Economy Watch: US Office Sector Enjoys Strong Second Quarter

The property type's performance rebounded in the second quarter, according to a recent Cushman & Wakefield report, with office space absorption hitting its highest level since the third quarter of 2016.

Ken McCarthy, Chief Economist, Cushman & Wakefield
Ken McCarthy, Chief Economist, Cushman & Wakefield

The U.S. office sector, which has been somewhat sluggish lately, rebounded in the second quarter in terms of net occupancy growth, according to Cushman & Wakefield’s latest report, which was released on Monday. Nationally, rents continued to reach new highs, but rising construction levels slowed the appreciation rate in most markets.

During the second quarter, office space absorption nationwide increased to 12.8 million square feet, up from 6.3 million square feet in the first quarter and the highest level since the third quarter of 2016. In the first half of 2017, a total of 19.1 million square feet was absorbed, roughly 60 percent of the pace of the first half of 2016. Of the 85 markets tracked by Cushman & Wakefield, 66 reported positive net absorption of office space, while 19 reported declines during the second quarter.

Construction reaches new heights

Construction is also ramping up. In the second quarter, 16.1 million square feet of new office space was completed across the U.S., the largest amount since the second quarter of 2009. Cushman & Wakefield estimates that 2017 will see more than 71 million square feet of new office space delivered, the most in a single year since 2008.

“In historic terms, the U.S. office sector is generally not overbuilding office space,” said Ken McCarthy, Cushman & Wakefield principal economist and author of the report.

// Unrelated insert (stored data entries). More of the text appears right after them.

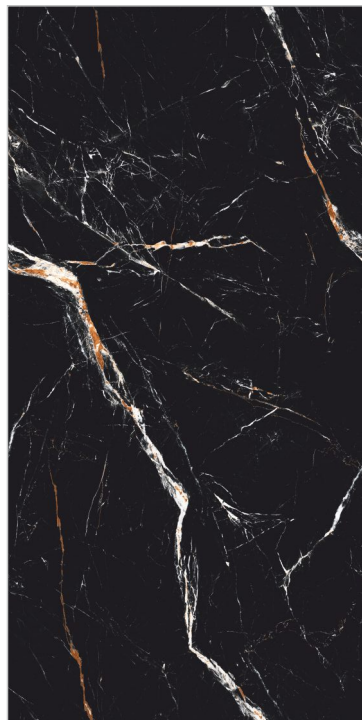

ESTRADA BLACK
60X120cm (23.62"x47.24")

FERRO BLACK
60X120cm (23.62"x47.24")

GALAXY BLACK
60X120cm (23.62"x47.24")

JADE BLACK
60X120cm (23.62"x47.24")

SAINT LAURENT
60X120cm (23.62"x47.24")

THARCOAL BLACK
60X120cm (23.62"x47.24")
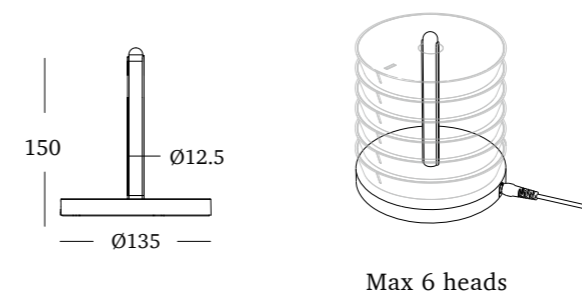

Multiple Charger

366902 Black

Multiple charger
IP20

Material: not flammable technopolymer (class V0)
Input: AC 100V-240V ~ 50/60 Hz
Output: DC 5V = 7A
Power: 35W

Inner box size: 14 x 14 x 21 cm
Master: 6 pieces
Master size: 44 x 29.5 x 23 cm
Net weight: 3.9 kg
Gross weight: 5.7 kg

Torus Top

366801 White

366802 Black

LED rechargeable lamp
Touch switch
Dimmable: 5%-100%
IP20

Materials:

- Aluminium die-casting
- Powder coating painting
- Frosted polycarbonate diffuser

Charging time: 4-5h

Working time: 9-10h

Input: DC 5V = 1A (Adapter not included)

Power 2.2W, 5V

Lithium Battery: 2*1900 mAh

LED: Lumileds 4014

Lumens: 190/200

CCT: 2700k / 3000k

CRI ≥80

Inner box size: 16 x 16 x 6 cm

Master: 12 pieces

Master size: 50 x 33.5 x 14 cm

Net weight: 4.2 kg

Gross weight: 6.6 kg
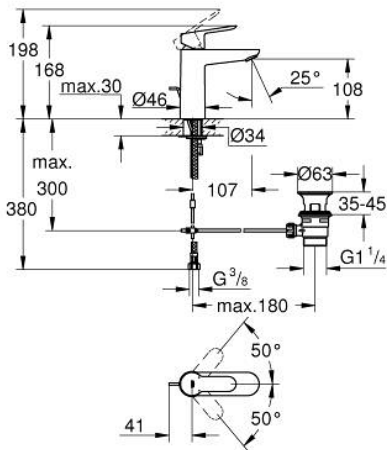

23 774 000 **STARTEDGE BASIN MIXER 1/2"**
M-SIZE

PRODUCT DESCRIPTION

- Colour: chrome
- single hole installation
- metal lever
- GROHE SmoothControl 28 mm ceramic cartridge
- GROHE LongLife finish
- GROHE EcoJoy mousseur 5.7 l/min
- rapid installation system
- pop-up waste set 1 1/4"
- flexible connection hoses

23 774 000 **STARTEDGE BASIN MIXER 1/2"**
M-SIZE

SPARE PARTS

- 1: Lever (Spare part-nr. 46697000)
- 2: retaining ring (Spare part-nr. 46715000)
- 3: Cartridge (Spare part-nr. 46580000)
- 4: Pop-up rod (Spare part-nr. 46739000)
- 5: Mousseur (Spare part-nr. 48159000)
- 6: Shank mounting kit (Spare part-nr. 46249000)
- 7: Waste set 1 1/4" (Spare part-nr. 28910000)
- 7.1: Plug (Spare part-nr. 07182000)
- 7.2: Eccentric rod (Spare part-nr. 07052000)
- 8: Eccentric rod (Spare part-nr. 07341000)*
- 9: Mounting wrench (Spare part-nr. 19017000)*
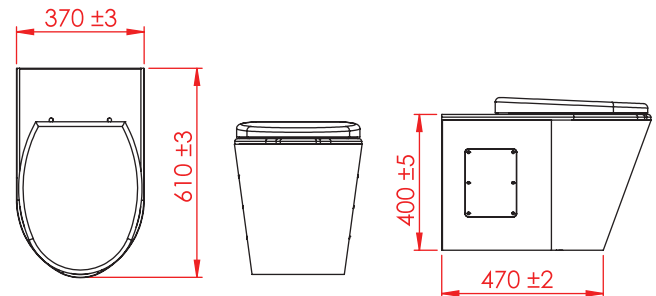

NRC-6035-PXXL

P Çıkışlı	P-Wall Out
Taharet Çubuksuz	Without Bidet Nozzle
Rezervuarsız	Without Reservoir
Klozet Kapaklı	With Seat Cover

Despite the stronger absorption figures this quarter, U.S. office vacancy rates remain flat at 13.3 percent. It’s also notable (and not unrelated), the company said, that office rents are growing at a slower rate. U.S. office rents for all office product types were $30.36 in the second quarter of 2017, up 4.4 percent compared to the same quarter a year ago. Although this rental appreciation remains healthy, it’s slower than the 6.1 percent experienced in mid-2016.